Required action: Examine the data line by line and report how many lines include the word "Height", with no additional output.

Data:
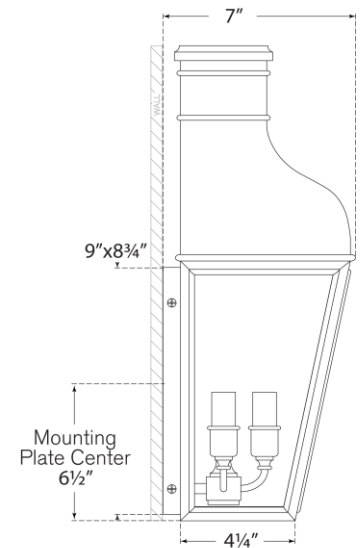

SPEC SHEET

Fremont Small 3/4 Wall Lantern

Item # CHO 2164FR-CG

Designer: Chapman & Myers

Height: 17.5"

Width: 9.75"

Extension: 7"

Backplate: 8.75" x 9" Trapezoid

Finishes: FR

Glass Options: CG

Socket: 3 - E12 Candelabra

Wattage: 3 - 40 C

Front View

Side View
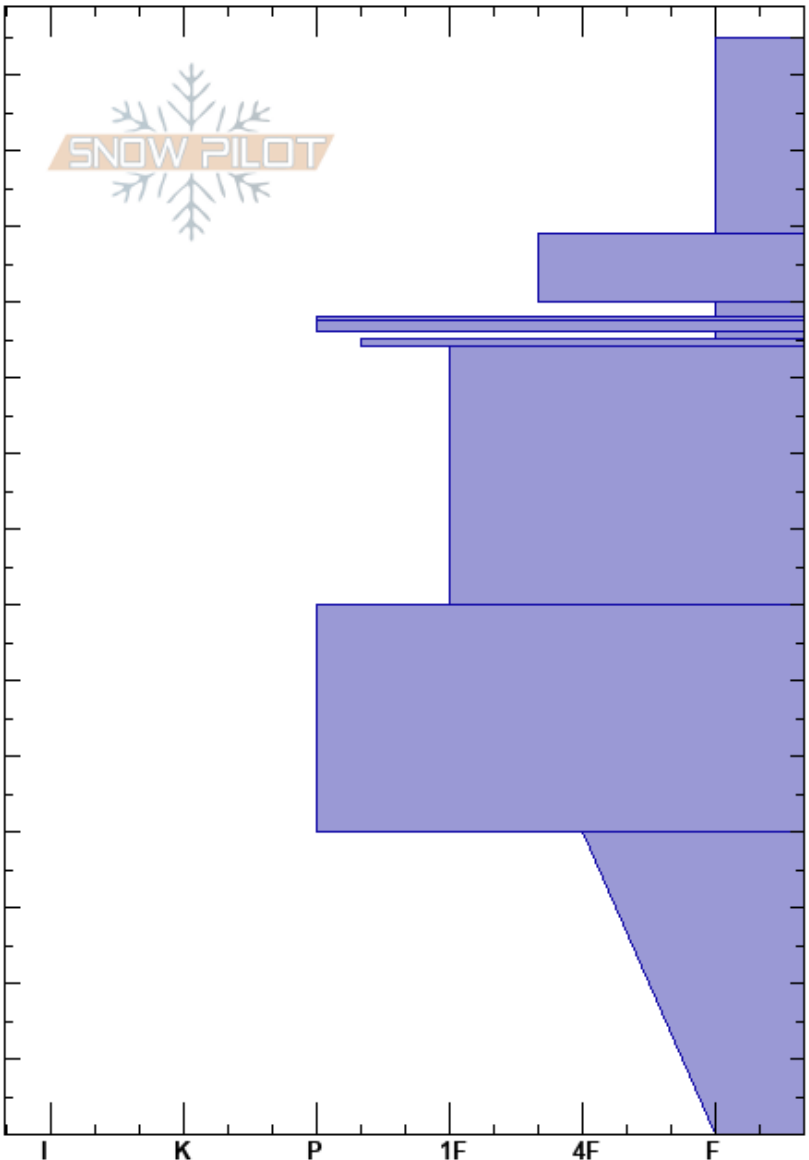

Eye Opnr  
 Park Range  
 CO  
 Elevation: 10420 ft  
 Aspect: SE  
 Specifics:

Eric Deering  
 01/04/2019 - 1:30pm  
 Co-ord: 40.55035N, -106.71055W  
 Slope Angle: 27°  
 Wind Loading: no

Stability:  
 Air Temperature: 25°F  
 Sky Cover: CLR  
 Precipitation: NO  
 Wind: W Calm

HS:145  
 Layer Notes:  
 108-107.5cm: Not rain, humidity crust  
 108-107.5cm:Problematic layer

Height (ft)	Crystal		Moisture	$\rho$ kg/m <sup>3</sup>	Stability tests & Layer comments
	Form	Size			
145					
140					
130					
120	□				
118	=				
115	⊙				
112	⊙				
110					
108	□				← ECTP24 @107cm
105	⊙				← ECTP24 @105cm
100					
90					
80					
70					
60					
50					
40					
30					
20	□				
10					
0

---

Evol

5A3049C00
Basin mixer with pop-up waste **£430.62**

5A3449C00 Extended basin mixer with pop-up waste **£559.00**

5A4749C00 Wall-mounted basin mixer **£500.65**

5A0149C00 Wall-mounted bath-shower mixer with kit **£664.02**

Task answer: 2